Pleas in law and main arguments

In support of the action, the applicant relies on seven pleas in law.

1.First plea in law, alleging infringement of the legal provisions governing the language regime of the European institutions. Infringement of the principle of equality. Infringement of Article 27 of the Staff Regulations. Infringement of the obligation to state reasons. The notice of competition, in respect of which the applicant raises a plea of illegality, limited the languages that could be used during the assessment centre tests to English and French. This gave rise to an infringement of the provisions governing the language regime in the European Union which accords the same dignity to each of the 24 official languages. Likewise the principle of the equal treatment of candidates and Article 27 of the Staff Regulations were infringed, since the level of knowledge of languages, differing between all the candidates, influenced their performance and the testing of their competencies. The reasoning adopted for the choice of language regime, essentially based on the interest of the service, is not consistent with the required rules concerning the full statement of reasons.

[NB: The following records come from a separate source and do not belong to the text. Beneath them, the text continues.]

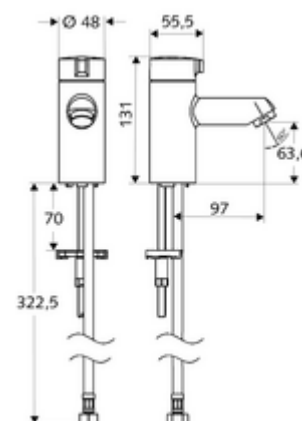

### Consta de

- Grifo de lavabo
  - Cabezal de cerámica
- Manguera de conexión flexible Clean-Fix S G 3/8 RI x 380 mm
- Material de instalación para el montaje de lavabo

### Características técnicas

- Caudal: máx. 5 l/min independiente de la presión
- Presión del caudal: 1,0 - 5,0 bar
- Presión máx. En reposo: 8 bar
- Temperatura de funcionamiento máx.: 70 °C (80 °C para desinfección térmica)
- Material: Funcionamiento Fundición de zinc a presión; Carcasa Latón de acuerdo a la normativa de agua potable alemana
- Acabado: Cromo
- Conexión: G 3/8 RI

### Artículos relacionados recomendados

Regulador de caudal máx. 5,7 l/min independientemente de la presión, antirrobo	Artículo No.: 02 121 06 99
Llave de escuadra con función reguladora COMFORT con filtro	Artículo No.: 05 428 06 99 o
Llave de escuadra con función reguladora COMFORT con filtro	Artículo No.: 05 429 06 99
Válvula de desagüe de lavabo OPEN	Artículo No.: 02 002 06 99
Válvula de desagüe de lavabo PUSH OPEN	Artículo No.: 02 000 06 99
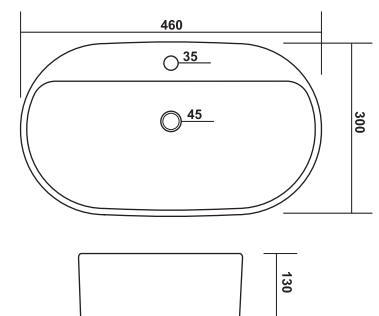

Orient
CERAMIC

COCO-801
Size : 510 x 330 x 130mm

TABLE TOP BASIN

CLIPER-802
Size : 600x 370 x 110mm

FLORA-803
Size : 650 x 400 x 110mm

ECO-804
Size : 550 x 360 x 170mm

ORIO-805
Size : 460 x 300 x 130mm

CHARM-806
Size : 550x 380 x 115mm

ADRON-807
Size : 480 x 370 x 130mm

ACTIVE-808
Size : 450 x 360 x 130mm

MANGO-809
Size : 480 x 380 x 150mm

TABLE TOP BASIN

DENNY-810
Size : 445 x 360 x 140mm

DREAM-811
Size : 480 x 380 x 150mm

SARA-812
Size : 480 x 380 x 170mm

ALIVE-813
Size : 450 x 405 x 150mm

ATLAS-814
Size : 620 x 370 x 150mm

BRONZE-815
Size : 460 x 330 x 130mm

EVA-816
Size : 460 x 330 x 130mm

MARK-817
Size : 450 x 450 x 140mm

TABLE TOP BASIN

SPARK-818

Size : 580 x 370 x 140mm

HUGE-819

Size : 420 x 340 x 170mm

GEM-820

Size : 515 x 400 x 155mm

KIRTI-821

Size : 460 x 460 x 120mm

LURE-822
Size : 360x 360 x 130mm

MONSTAR-823
Size : 465 x 465 x 160mm
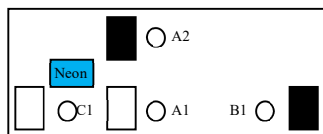

Especificaciones Técnicas, Modelos 6041

Rev00 R.M.S. 23/07/21

Descripción:

Familia de Interruptores Prefit - Módulo combinación Tecla Cuádruple- Línea Bauhaus
Un polo - 250V~ 10AX.

Código/s:

6041 (Color Blanco).

Normas Soportadas:

IRAM NM 60669-1:2005

Esquema de bornes y contactos:
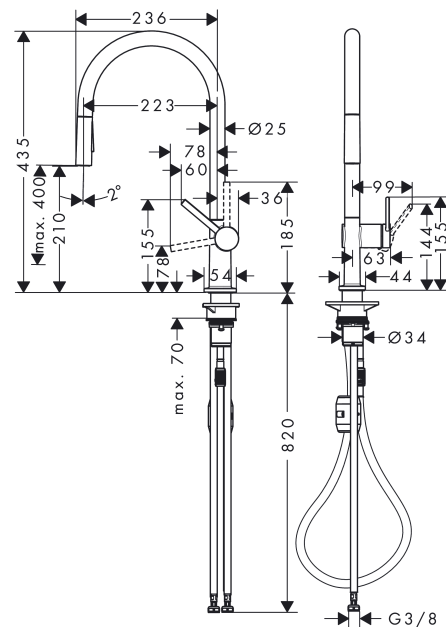

Talis M54

ééngreeps keukenmengkraan 210 met uittrekbare vuistdouche, 2 straalsoorten

Oppervlakte finish: mat zwart Artikelnummer: 72842670

Beschrijving

- draaibereik instelbaar in 4 standen: 60°, 110°, 150° or 360°
- laminaire straal, douchestraal
- douchestraal is vast te zetten, wisseling van straal door één druk op de knop en straal wordt uitgezet door het sluiten van de greep.
- maximale doorstroomhoeveelheid bij 3 bar: 5 l/min
- keramisch kardoes
- eenvoudige montage dankzij de G 3/8 flexibele aansluitslangen
- Uittrek lengte tot 50 cm
- boren van een kraangat Ø 35 vereist
- EU taxonomie: max 6l/min - substantiële bijdrage (SC) mogelijk

Maattekening

Doorstroomdiagram

Talis M54**ééngreeps keukenmengkraan 210 met uittrekbare vuistdouche, 2 straalsoorten**Oppervlakte finish: **mat zwart** Artikelnummer: **72842670****Reserveonderdelenlijst**

Bouwjaar: >04/20

Regel	Beschrijving	Artikelnummer	Prijs incl. BTW	VE
1	uitloop compl.	93739670	-	1
2	O-ring 8x2	98112000	-	1
3	vuistdouche	93742670	-	1
4	zeef	98516000	-	1
5	terugslagklep DW 10	96456000	-	1
6	straalschijf	93743000	-	1
7	servicesleutel	95910000	-	1
8	aanslagringset (60° / 110° / 150°)	94911000	-	1
9	stelringset	98365000	-	1
10	O-ring 19x2	98426000	-	1
11	O-ring 20x1,5	98197000	-	1
12	greep	93736670	-	1
13	inbusschroef M5x5	98446000	-	1
14	greepstop	93735610	-	1
15	afdekkap	93737670	-	1
16	moer	93738000	-	1
17	O-ring 25x1,5	98146000	-	1
18	O-ring 30x1,5	98433000	-	1
19	O-ring 29x2	98391000	-	1
20	kardoes compl.	93740000	-	1
21	O-ring 35x3	98052000	-	1
22	bevestigingsmateriaal	97523000	-	1
23	schachtbevestigingsset compl. (Ø 34)	95049000	-	1
24	stelring	97548000	-	1
25	gewicht	92500000	-	1
26	slang	93745000	-	1
27	slang	93744000	-	1
28	O-ring 7x1,5	98422000	-	1
29	aansluitslang 900 mm M8x0,75 G3/8	93746000	-	1
30	O-ring 6,6x1,6	93019000	-	1
a	adapterset	93395000	-	1

2.Second plea in law, alleging infringement of the principle of equality, infringement of the notice of competition, infringement of the principle of good administration (corollary the right of defence), infringement of the obligation to state reasons, infringement of the obligation to take into account the well-being of candidates and infringement of the principle that candidates’ legitimate expectations must be observed. On account of technical and organisational problems during the conduct of the tests on the pre-established date, the applicant had to undergo the case study a second time, under conditions different from those guaranteed to the other candidates. This gave rise to the infringement of the aforementioned principles.

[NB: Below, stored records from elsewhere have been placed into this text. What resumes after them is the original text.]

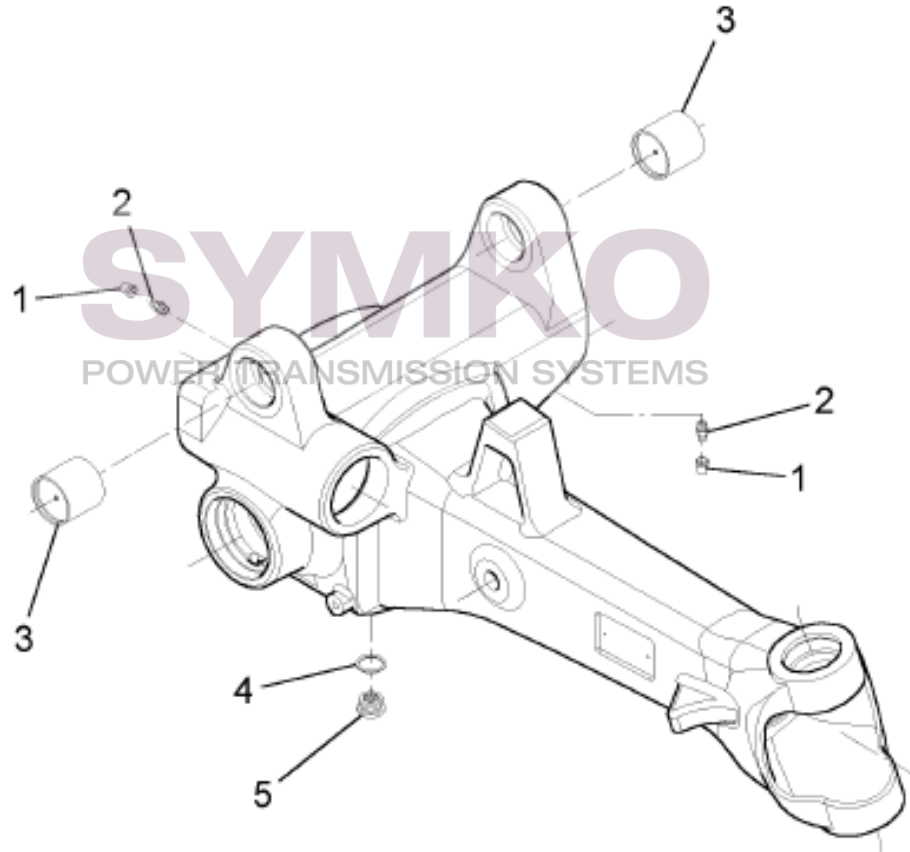

SYMKO

POWER TRANSMISSION SYSTEMS

VUES PONT DANA N° 733-101

Vue N°1

SYMKO – Parc d’activité de Tournebride – 23 Rue de la Guillauderie 44118
LA CHEVROLIERE

Tél : 02 51 70 13 13 - fax : 02 51 70 04 04

contact@symko.fr

www.symko.fr
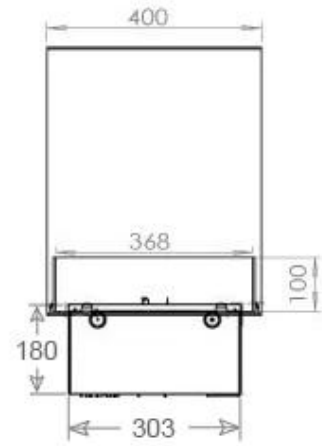

FOCO MYST ROOM DIVIDER 1200

HYB-30-115

Foco Myst Room Divider 1200 lareira de vapor de água como divisor de sala. Grande lareira embutida de três lados.

TECHNICAL SPECIFICATIONS

Funktion

Ajustável	Sim
Controlo	Controlo remoto
Requer electricidade	Sim
Consumo	220 l/h
Tempo de combustão	10 horas
Capacidade	2 Litro
	Nej
	420 cm ²
Potência de calor (máx)	Sem calor kW
Queimadores	Dimplex Optimyst Cassette 1000
Chaminé	Não é requerida
Controlo Remoto	Sim (incluído)
Combustível	Água e eletrecidade

Type

Vista da chama	Divisória de espaços
Montagem	Lareira Opti-myst embutida de 3 lados
Garantia	2 anos
Uso	Interior
Fabricante	Foco

Udseende

Interior	Preto
Acabamento	Mate
Decoração	Madeira (Adicional)
	15
	1
Vidro incluído	Sim
Material	Aço
Cor	Preto

Størrelse

	150
	50
Peso	40 kg
Profundidade	40 cm
Comprimento/Largura	120 cm

CASSETTE 1000 MANUAL

FRONT

SIDE

CASSETTE 100 AUTOMATIC
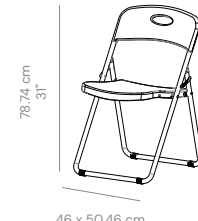

Siège et dossier de la chaise en polypropylène. Structure en acier peint par pulvérisation.

Sitzfläche und Rückenlehne des Stuhls aus Polypropylen. Gestell aus pulverbeschichtetem Stahl.

46 x 50.46 cm
18.13" x 19.87"

White surface and dark grey frame
Sobre blanco y estructura en gris oscuro
Surface blanche et cadre gris foncé
Weißer Umschlag und dunkelgrauer Rahmen

Maximum recommended weight 400 lb
Peso máximo recomendado 181.44 kg
Poids maximal recommandé 181.44 kg
Empfohlene Höchstlast 181.44 kg

Net weight 8.07 lb
Peso neto 3.66 kg
Poids net 3.66 kg
Nettogewicht 3.66 kg

1

2

Stacking chair
Silla apilable
Chaise empilable
Kinderstuhl stapelbar

Easy to transport
Facil de transportar
Facile à transporter
Leicht zu transportieren

Walter skid

PACKAGING

SINGLE BROWN CARTON

4 PC Carton Box 4 UDS Caja 4 PCS Boîte 4 Einheiten pro Karton

Packaging size: L18,87" x W8,25" x H39,12"
Medidas del embalaje: L47.96 x W20.95 x H 99.37 cm
Dimensions emballage: L47.96 x W20.95 x H 99.37 cm
Packungsgröße: L47.96 x W20.95 x H 99.37 cm

3.Third plea in law, alleging manifest error of assessment, infringement of the Staff Regulations, infringement of the notice of competition, infringement of the principle of equality, infringement of the principle of equality in relation to the stability of the Selection Board, misuse of powers and infringement of the principle of proportionality. The assignment of the correction of scripts to external assessors and the sub-division into panels at the time of conducting the oral tests entailed the infringement of the aforementioned principles, essentially because of the failure to carry out beforehand checks of the external assessors’ competence and their level of knowledge of English and French.

4.Fourth plea in law, alleging manifest error of assessment, infringement of the competition notice, infringement of the principle of equality also in relation to the breach of own requirements, and infringement of the principle of good administration, in relation to admission to the assessment centre of candidates who had not passed the MCQ tests and their inclusion in the comparative assessment of merits. Even candidates who had not passed the MCQ tests were admitted to the assessment centre tests, thereby infringing the aforementioned principles and rules.

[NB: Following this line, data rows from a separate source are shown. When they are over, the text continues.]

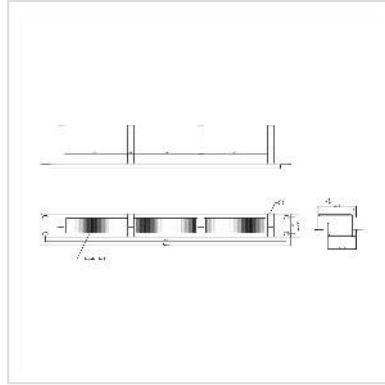

ROLINE19"-Frontplatte, 4 Ösen Typ G, Kabeldurchführung (Bürste), RAL 7035 Lichtgrau

Artikelnummer 26.30.0019
Hersteller ROLINE
Hersteller-Art.-Nr. 26.30.0019

19"-Kabelführung 1HE, mit 4 Kabelösen Typ G, schwarz, Kabeldurchführung mit Bürstendichtung

- Kabelführung für Server- oder Datenschrankumgebungen - zum Beispiel für die horizontale Kabelzuführung zu Verteilerfeldern oder zu Switches
- Die Kabelösen sorgen für einen idealen Biegeradius für die Netzkabel - die Verkabelung wird sauberer und wirkt professioneller
- Mit Öffnung zur Kabeldurchführung von vorn nach hinten, mit Bürstendichtung
- 4 große Kabelösen (G-Typ) für die horizontale Kabelführung
- Material: Stahlblech/Kunststoff
- Geeignet für die Montage in allen 19"-Datenschränken und Server-Racks
- Abmessungen: (H x B x T) 44 x 483 x 72 mm

Technische Daten

Hersteller	ROLINE
Produktgruppe	19"/-10"-Kabelmanagement
Produkttyp	Kabelführung
Farbe	RAL 7035 Lichtgrau
Lieferumfang	19"-Panel inkl. Montagematerial
Zur Montage benötigte 19"-Ebenen	1
Holmontage	nein

Benötigte Einbauhöhe	1 HE
Kabelführung	19"
Anzahl Kabelösen	4
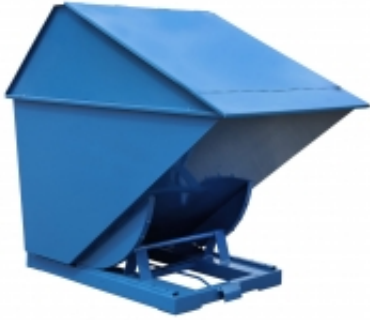

Dane aktualne na dzień: 29-04-2026 01:00

Link do produktu: <https://biuromagazyn.pl/tl-22-kontener-samowyladowczy-tippo-zabudowane-z-drzwiczkami-2200-p-148466.html>

TI 22 Kontener Samowyladowczy Tippo Zabudowane Z Drzwiczkami 2200

5.Fifth plea in law, alleging breach of own requirements and consequent infringement of the principle of equality and infringement of the principle of good administration, inasmuch as the tests did not ensure that the candidates’ ability to communicate orally was adequately assessed.

6.Sixth plea in law, alleging manifest error of assessment, infringement of the obligation to state reasons, infringement of the Staff Regulations, infringement of the principle of equality, infringement of the competition notice, and misuse of powers in relation to the field-related interview and the competency-based interview, on account of the considerable fluctuations in the composition of Selection Board that examined the candidates and the failure to comply with the obligation to abstain on the part of members of that board, including the Vice Chairperson thereof.

7.Seventh plea in law, alleging infringement of Article 27 of the Staff Regulations, through the introduction of a staff-selection system based on quotas, not on the assessment of a candidate’s competencies. It is apparent from a document published on the website of the European Anti-Fraud Office (OLAF) that quotas on the reserve list had to be set aside for candidates destined for other institutions.